The simple answer is that, just as faith was required in the Old Testament for individuals to please God and to be in relationship with him, so in the New Testament, when baptism "took off afresh" for the nation of Israel with John the Baptist's baptisms, and with what Jesus Christ said, then with how all the apostles explained their agreement with faith needed for genuine conversion, water baptism then being a public declaration that such faith had been expressed.
A good list of 12 such N.T. texts has already been provided in another answer, so I will not repeat them here. However, the idea of credo baptism first originating in 1609 with a Baptist denomination is totally wrong, plus misleading. For a start, credo baptism is reported in the N.T! Thereafter, the Christian Church continued to practice it, with Tertullian condemning an instance of infant baptism in 197. Despite that, sprinkling of infants gained ground. Here is what this Catholic authority says on the matter:
"The baptism of adults is presupposed throughout the NT and the early
Christian period... Infant baptism developed naturally out of the
entirely different circumstances in which Christianity found itself
when society had become Christian... But child baptism became the
normal practice from about the 4th or 5th century onwards... even
today, through the intermediary of their godparents infants are
treated at their baptism as if they were adult: they [the godparents]

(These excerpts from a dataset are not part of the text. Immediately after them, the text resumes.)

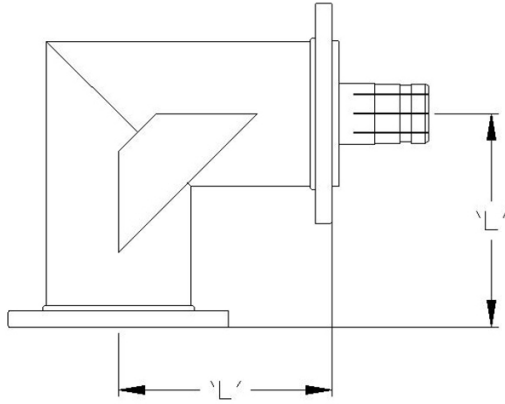

Elbow Specifications

Part Number	Line Size	Impedance	Length (inches)	Approximate Weight (lbs)
780625	7/8"	50Ω	2 3/4"	1
150625	1 5/8"	50Ω	3"	2
350625	3 1/8"	50Ω	6"	8
450625	4 1/16"	50Ω	6"	12
650625	6 1/8"	50Ω	9"	21

Part Number	Line Size	Impedance	Length (inches)	Approximate Weight (lbs)
780627	7/8"	50Ω	2 3/4"	1
150627	1 5/8"	50Ω	2 7/8"	1 3/4
350627	3 1/8"	50Ω	5 13/16"	4
450627	4 1/16"	50Ω	5 13/16"	5
650627	6 1/8"	50Ω	8 3/4"	13

Part Number	Line Size	Impedance	L1 (inches)	L2 (inches)	Approximate Weight (lbs)
780626	7/8"	50Ω	2 7/16"	2 3/4"	1
150626	1 5/8"	50Ω	2 13/16"	5 13/16"	2
350626	3 1/8"	50Ω	6"	9"	12
450626	4 1/16"	50Ω	6"	9"	18
650626	6 1/8"	50Ω	9"	18"	50

Part Number	Line Size	Impedance	Length (inches)	Approximate Weight (lbs)
150635	1 5/8"	50Ω	2.375"	1
350635	3 1/8"	50Ω	3.812"	3.7
450635	4 1/16"	50Ω	6"	7.7
650635	6 1/8"	50Ω	9"	15

renounce Satan, confess the faith, and state that they wish to be
baptized." Encyclopedia of Theology, p69, article by Burkhard
Neunheuser, Burns & Oates, 1961 [Emphasis mine]

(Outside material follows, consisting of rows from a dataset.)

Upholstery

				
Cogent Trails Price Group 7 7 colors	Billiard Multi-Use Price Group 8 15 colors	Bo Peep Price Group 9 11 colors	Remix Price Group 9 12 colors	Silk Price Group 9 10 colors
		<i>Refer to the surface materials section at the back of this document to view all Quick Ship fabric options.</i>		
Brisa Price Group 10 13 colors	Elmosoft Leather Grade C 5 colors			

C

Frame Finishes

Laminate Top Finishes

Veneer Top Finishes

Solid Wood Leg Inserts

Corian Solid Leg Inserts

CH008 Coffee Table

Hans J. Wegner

This means that credo baptism was the single form of baptism until Catholicism approved this new practice later. It was based on the teaching that salvation was dependent on baptism, i.e. baptismal regeneration, (Sess. 7, Canons on the Sacrament of Baptism, 1-14, D 857-70) and that baptism could not be repeated. Groups that disagreed with this, saying salvation came first at the point of putting faith in Christ, were later declared to be heretics, and so the uprising of infant baptism caused them to be ousted from the Church.

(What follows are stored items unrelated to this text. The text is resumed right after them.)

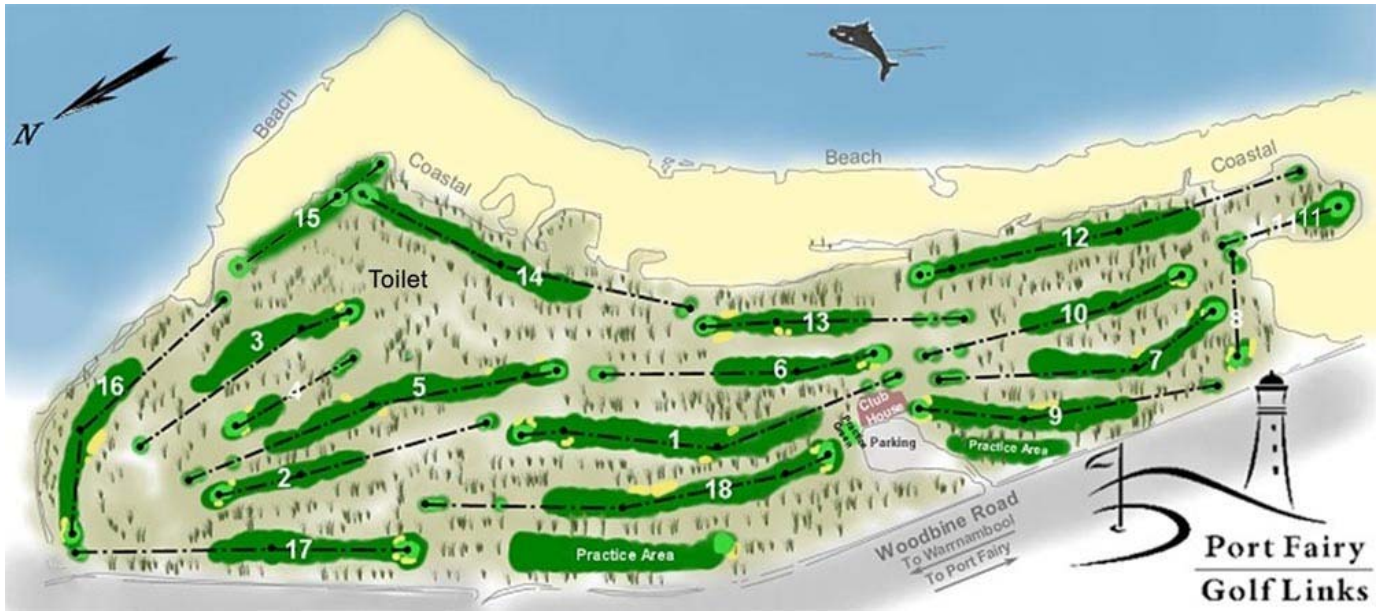

Course Maps

Players are requested to familiarize themselves with the course maps on the next page to avoid any delay in commencement of play from allocated holes.

Port Fairy

Warrnambool

Registration

All competitors are required to report to Golf Victoria representatives inside the clubhouse at the respective clubs upon arrival at the course. Players must then be present on the appropriate tee **no later than 10 minutes prior the tee time**.

There is written confirmation of this after 1348, but the fact that Catholicism declared credo baptism to be a heresy long before then shows that it was practiced by others. This means that trying to attribute credo baptism to either Anabaptists (twice-baptised) or to Baptists circa. 1609 is nonsense.
The new emperor, Charles IV, vigorously pursued (persecuted) all Christians who objected to such things as infant baptism. At that time, many people who had been baptised as babies or toddlers, later came to hear the gospel as proclaimed by Christian preachers outside of Catholicism, confessed Christ personally and were fully immersed in water. They were, effectively, the first Anabaptists, long before a particular group in Munster was named such, circa 1524. The Anabatist non-Christian excesses near the end of that century gave them a bad reputation, but their predecessors were virtuous Christians who would not accept Catholic dogma on such matters as infant baptism (and other issues.) They were all tarred with the same, one brush of 'Heretics'. All of them, from the 2nd century on, maintained that faith must be a condition of baptism. In this, they were simply sticking to the New Testament teaching, even though it cost many of them severe persecution, if not their lives. It predates Lutherism and Calvinism by centuries!